Intel’s updated Smart Sound Technology DSP found in 2014’s Broadwell promises to outsmart Siri in every way possible. The catch? It’s already partially here in some Bay Trail configurations.
Voice recognition today has a problem: it’s just not that good. Current voice recognition setups like Siri and Android’s Voice Actions show potential, but are incredibly taxing on system hardware.
The more accurate of the two, Siri, relies heavily on the system on a chip’s digital signals processor (DSP) to augment the CPU (Apple contracted Audience to build this chip) to remove background noise and prepare the speech audio files to be sent to the cloud for processing. But even then Siri’s (and other voice recognition solution’s) fatal flaw is that in order to be work at least semi-accurately the user needs to be speak to it a direct voice: louder than average; focused and not natural.
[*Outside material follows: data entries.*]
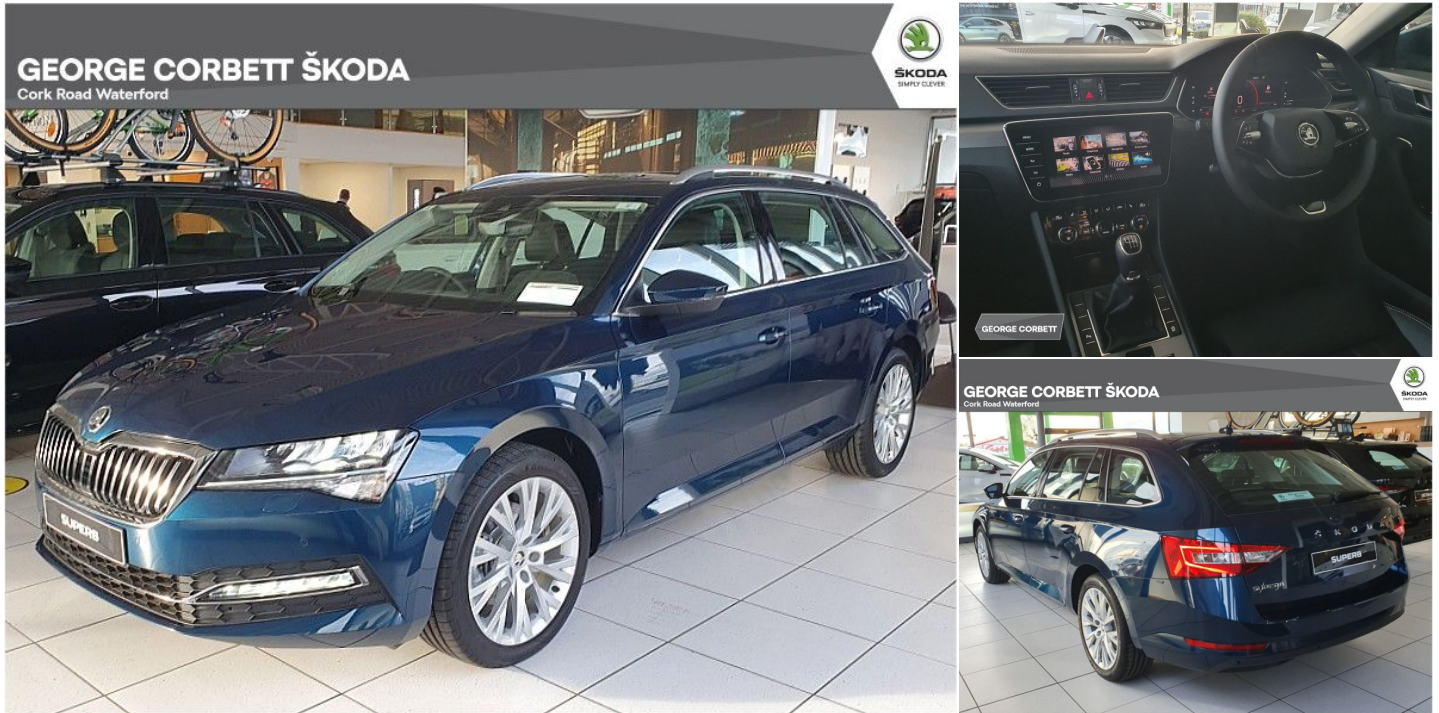

2022 ŠKODA SUPERB

POA
Style Combi 2.0TDi 150BHP 2l Manual

Registered
2022

Mileage
10 km

Engine Size
2l

Fuel Type
Diesel

Transmission
Manual

Colour
Blue

Description

Leather Interior, Front & Rear Park Sensors, Keyless Entry, Electric Seats, Traffic Sign Recognition, Wireless Phone Charging, Drive Mode Select, Lane Assist, Cornering Fog Lights, Power Fold Mirrors, Reversing Camera, Electric Driver Memory, 9.2" Touchscreen, Digital Dash, LED Fog Lights, Headlight Washers, 3 Zone Air Conditioning, Heated Washer Nozzles, Climatronic Air Conditioning, KESSY Go, Columbus Navigation System, Gesture Control, Antares Alloys, Electric Lumbar Support

Adding to this lack of natural feeling is that voice recognition solutions today are “push-to-talk”. They have to be triggered. On the iPhone this means hitting the Home button to get Siri to ask “what can I help you with?” or hitting the microphone button in Android to get it to patiently listen for your request.
Intel is planning on changing that with its refreshed Smart Sound Technology (SST) DSP that’s currently in some Bay Trail configurations, and will be wholly integrated with 2014’s Broadwell. It promises to offer a more natural voice recognition system than current ecosystem offerings, without being as taxing on the CPU — as Siri and Google’s voice actions are — as it will bypass it entirely.
Right now, as per leaked Intel explainer slides seen by VR-Zone, Windows 8 offers software support for offloading voice processing to the DSP. Intel’s slides don’t get too specific on the software side of things, but it has to be assumed that the work is being done in collaboration with multiple stakeholders.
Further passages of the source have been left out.